(Aim of the exercise) Where a line holds the word "removed", count it, then give only the total for the entries below.

(Dataset extract)
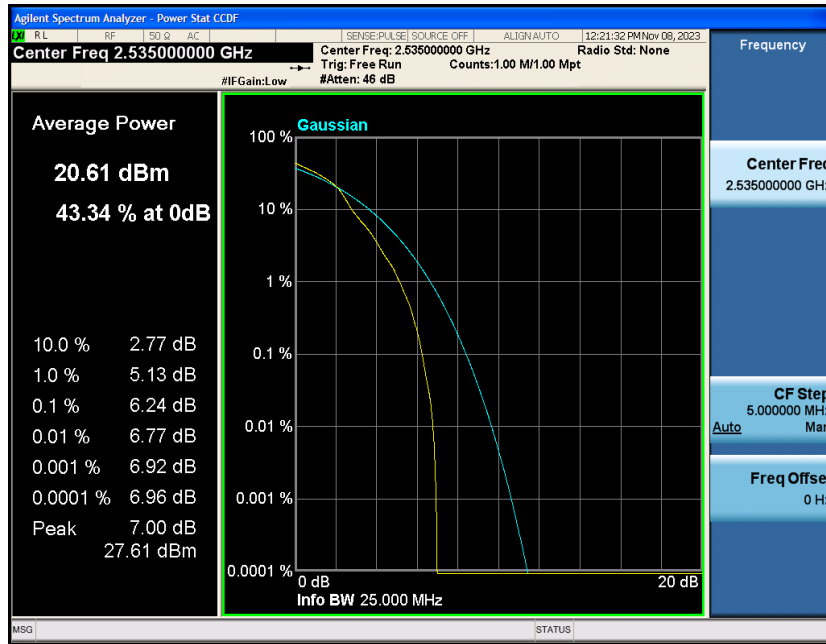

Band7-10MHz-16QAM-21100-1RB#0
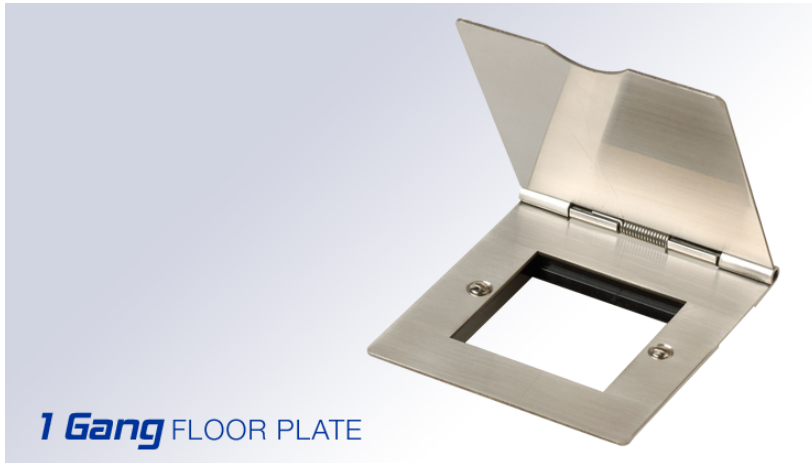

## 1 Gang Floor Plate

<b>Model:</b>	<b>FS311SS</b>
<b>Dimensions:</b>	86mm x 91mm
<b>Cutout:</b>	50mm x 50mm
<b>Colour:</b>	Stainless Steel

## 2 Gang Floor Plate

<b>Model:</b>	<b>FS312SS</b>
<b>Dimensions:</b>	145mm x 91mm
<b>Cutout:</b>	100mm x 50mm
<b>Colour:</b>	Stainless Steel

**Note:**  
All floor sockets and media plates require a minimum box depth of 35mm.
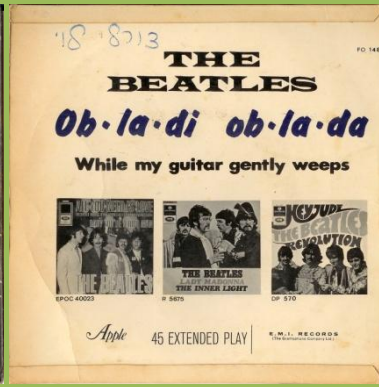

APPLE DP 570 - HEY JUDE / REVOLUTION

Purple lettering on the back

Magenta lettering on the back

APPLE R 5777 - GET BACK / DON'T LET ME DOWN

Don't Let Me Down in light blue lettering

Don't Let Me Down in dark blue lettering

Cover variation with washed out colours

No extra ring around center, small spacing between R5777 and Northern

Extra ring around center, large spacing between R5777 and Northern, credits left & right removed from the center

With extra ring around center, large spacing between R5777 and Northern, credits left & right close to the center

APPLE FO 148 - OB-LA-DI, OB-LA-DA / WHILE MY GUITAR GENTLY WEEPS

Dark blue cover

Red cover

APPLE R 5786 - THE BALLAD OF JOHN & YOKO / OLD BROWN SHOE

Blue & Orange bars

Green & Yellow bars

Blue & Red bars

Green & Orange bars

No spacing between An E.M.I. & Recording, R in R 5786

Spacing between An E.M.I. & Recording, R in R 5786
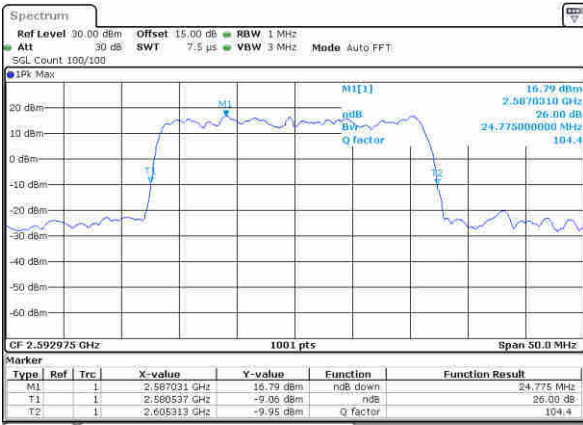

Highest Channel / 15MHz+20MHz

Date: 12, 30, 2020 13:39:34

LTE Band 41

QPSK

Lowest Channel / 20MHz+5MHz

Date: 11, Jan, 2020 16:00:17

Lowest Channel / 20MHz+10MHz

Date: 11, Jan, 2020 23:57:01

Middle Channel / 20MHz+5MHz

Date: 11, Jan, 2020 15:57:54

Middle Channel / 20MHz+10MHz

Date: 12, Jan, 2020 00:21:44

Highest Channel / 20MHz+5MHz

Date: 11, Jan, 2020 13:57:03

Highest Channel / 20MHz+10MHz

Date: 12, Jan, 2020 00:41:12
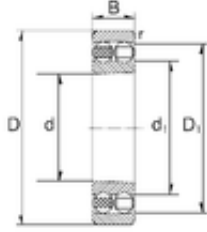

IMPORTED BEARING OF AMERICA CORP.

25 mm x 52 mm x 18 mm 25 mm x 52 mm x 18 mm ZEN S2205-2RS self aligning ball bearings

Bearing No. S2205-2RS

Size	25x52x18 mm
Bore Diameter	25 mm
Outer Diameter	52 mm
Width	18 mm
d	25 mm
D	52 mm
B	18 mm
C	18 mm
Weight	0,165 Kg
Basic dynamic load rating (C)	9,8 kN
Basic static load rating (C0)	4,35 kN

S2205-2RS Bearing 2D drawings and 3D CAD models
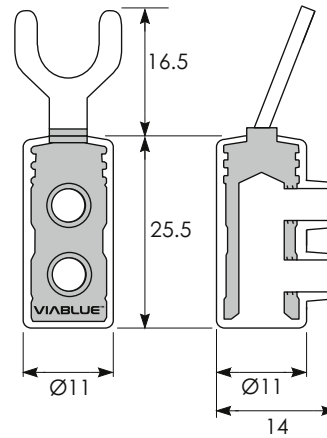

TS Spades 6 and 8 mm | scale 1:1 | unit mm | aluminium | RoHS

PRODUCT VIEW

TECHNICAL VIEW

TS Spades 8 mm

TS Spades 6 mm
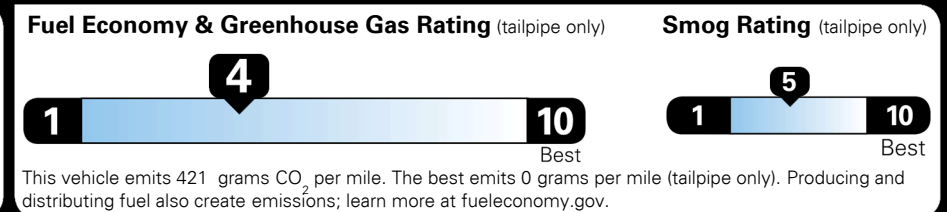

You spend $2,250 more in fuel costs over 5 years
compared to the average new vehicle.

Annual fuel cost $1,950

* * *

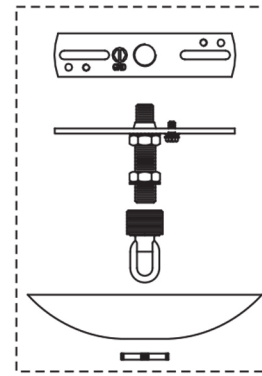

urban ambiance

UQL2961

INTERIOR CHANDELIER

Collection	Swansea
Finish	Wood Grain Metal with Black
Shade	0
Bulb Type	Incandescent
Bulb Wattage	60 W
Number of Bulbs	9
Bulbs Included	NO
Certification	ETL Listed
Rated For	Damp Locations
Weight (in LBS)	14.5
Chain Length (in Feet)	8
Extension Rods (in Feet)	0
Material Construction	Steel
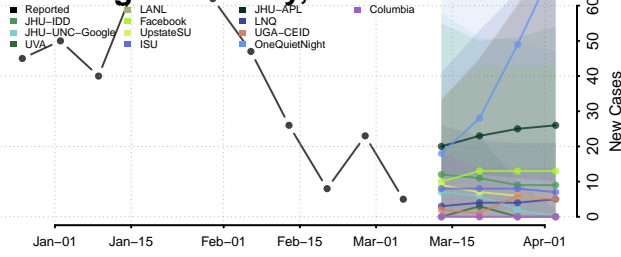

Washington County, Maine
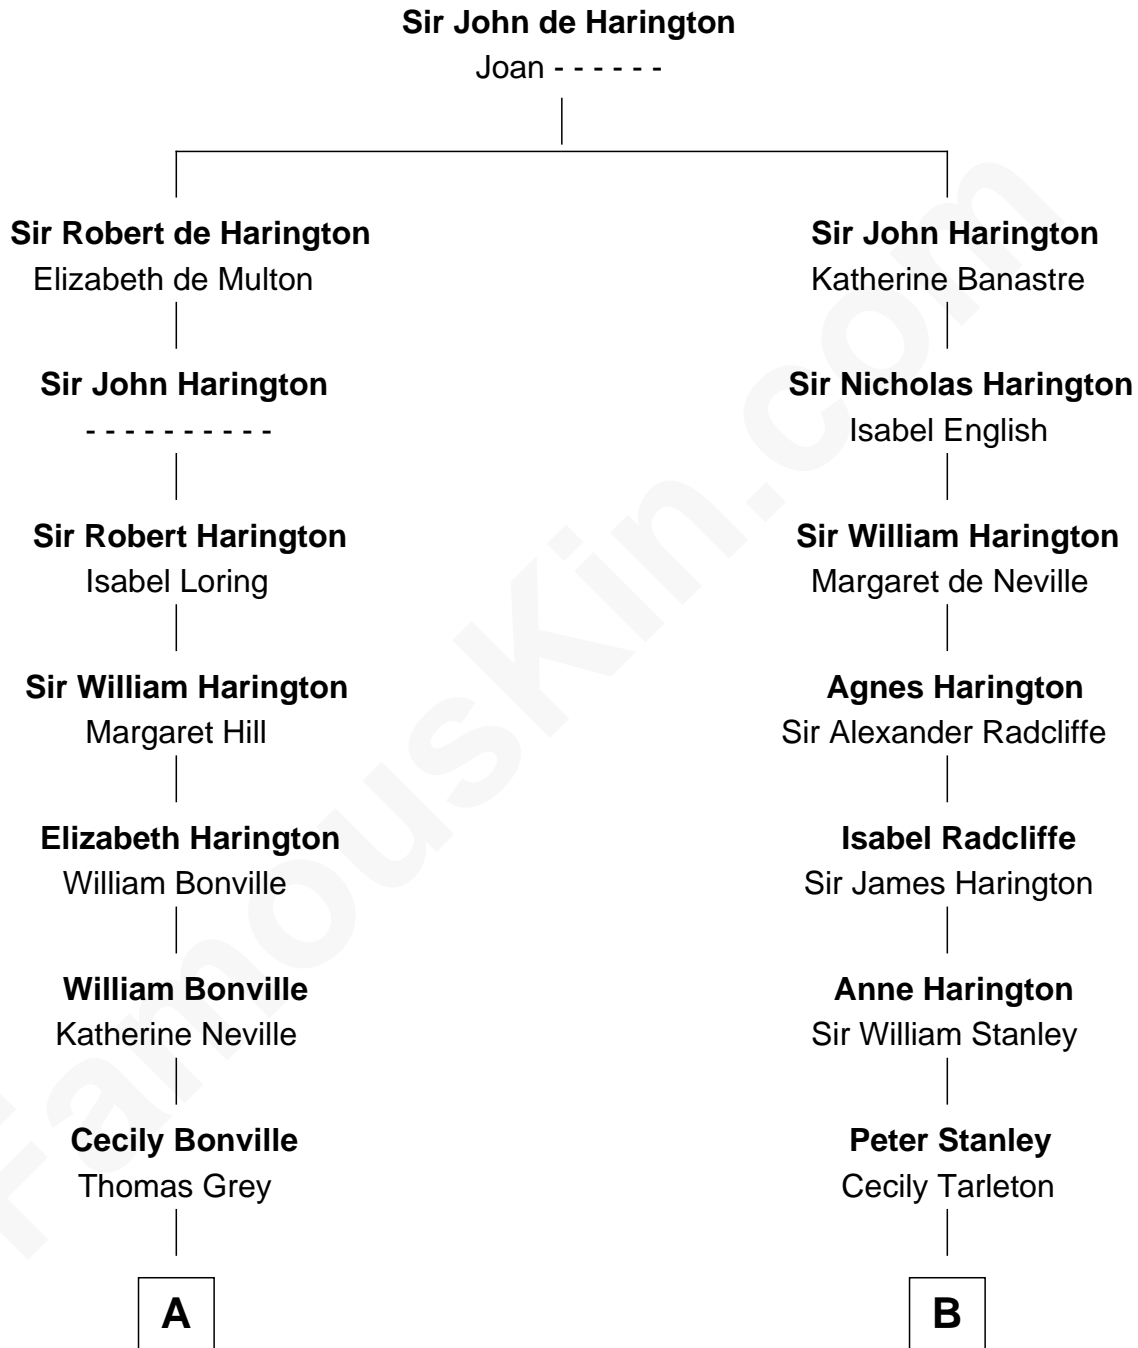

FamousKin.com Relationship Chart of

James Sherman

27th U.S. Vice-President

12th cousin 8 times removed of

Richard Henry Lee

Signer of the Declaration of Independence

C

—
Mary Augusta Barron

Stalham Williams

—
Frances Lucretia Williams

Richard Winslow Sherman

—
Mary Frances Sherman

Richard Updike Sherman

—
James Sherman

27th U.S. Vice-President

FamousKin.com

...

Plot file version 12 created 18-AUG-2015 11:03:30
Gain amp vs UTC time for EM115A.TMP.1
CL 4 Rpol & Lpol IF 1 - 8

(Response) 2